Stress response is a lifesaving biological function that enables you to instinctively square-off against an assailant, for flight or fear. People who are highly stressed have higher activity in the amygdala. This in turn triggers arterial inflammation, which is a risk factor for heart disease, including heart attacks.
However,living in today's modern world activates this same biological reaction in response to activities and events that have no life-threatening implications whatsoever, from speaking in public to filling out tax forms and sitting in traffic jams.
The high number of stress-inducing situations we face on a daily basis can actually make it difficult to turn the stress response off, and marinating in corrosive stress hormones around the clock can have very serious consequences for your health, such as fat accumulation, high blood pressure and heart attack and many other health consequences associated with chronic stress.

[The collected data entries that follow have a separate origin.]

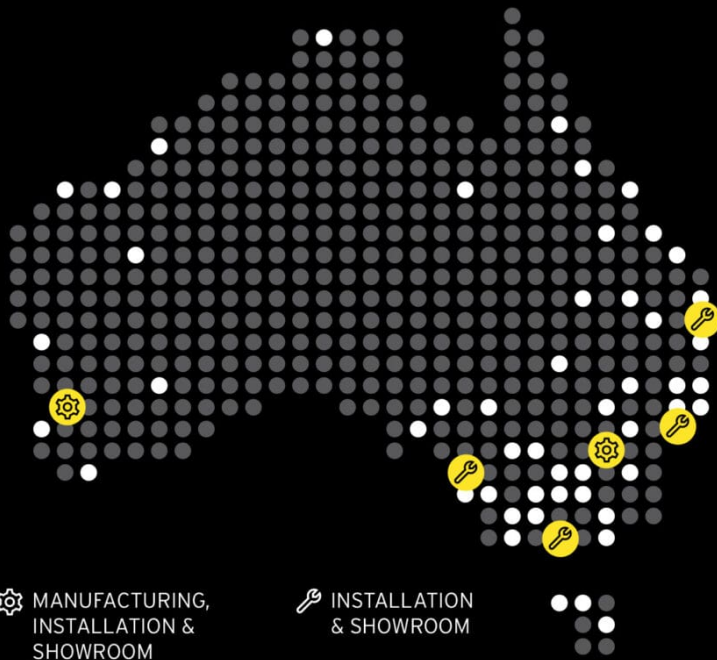

[VIEW ONLINE](#)

Chat with one of our helpful Mobile Workspace Specialists.

→ 1300 350 625

→ team.aus@hidrive.com.au

→ hidrive.com.au

MANUFACTURING, INSTALLATION & SHOWROOM

INSTALLATION & SHOWROOM

Hidrive is the only manufacturer of service bodies for utes, trailers and trucks with a company-owned national installation network.

Acute stress can also have potentially lethal consequences. High stress also raises the level of disease-promoting white blood cells, and releases norepinephrine, which can cause dispersal of bacterial biofilms from arterial walls, thereby triggering a heart attack.
According to recent research, stress increases your risk of heart attack and stroke by causing overactivity in the amygdala known as your brain’s fear center, this almond-shaped brain region, located in your temporal lobe, is activated in response to both real and perceived threats.
Another recent research suggests the amygdala is also involved in the processing of other emotions, including positive ones, as well as the processing of emotional memories of all kinds.
In a study, inflammation levels as well as brain and bone marrow activity of 293 participants were measured, all of the participants were over the age of 30, and none had a diagnosed heart problem.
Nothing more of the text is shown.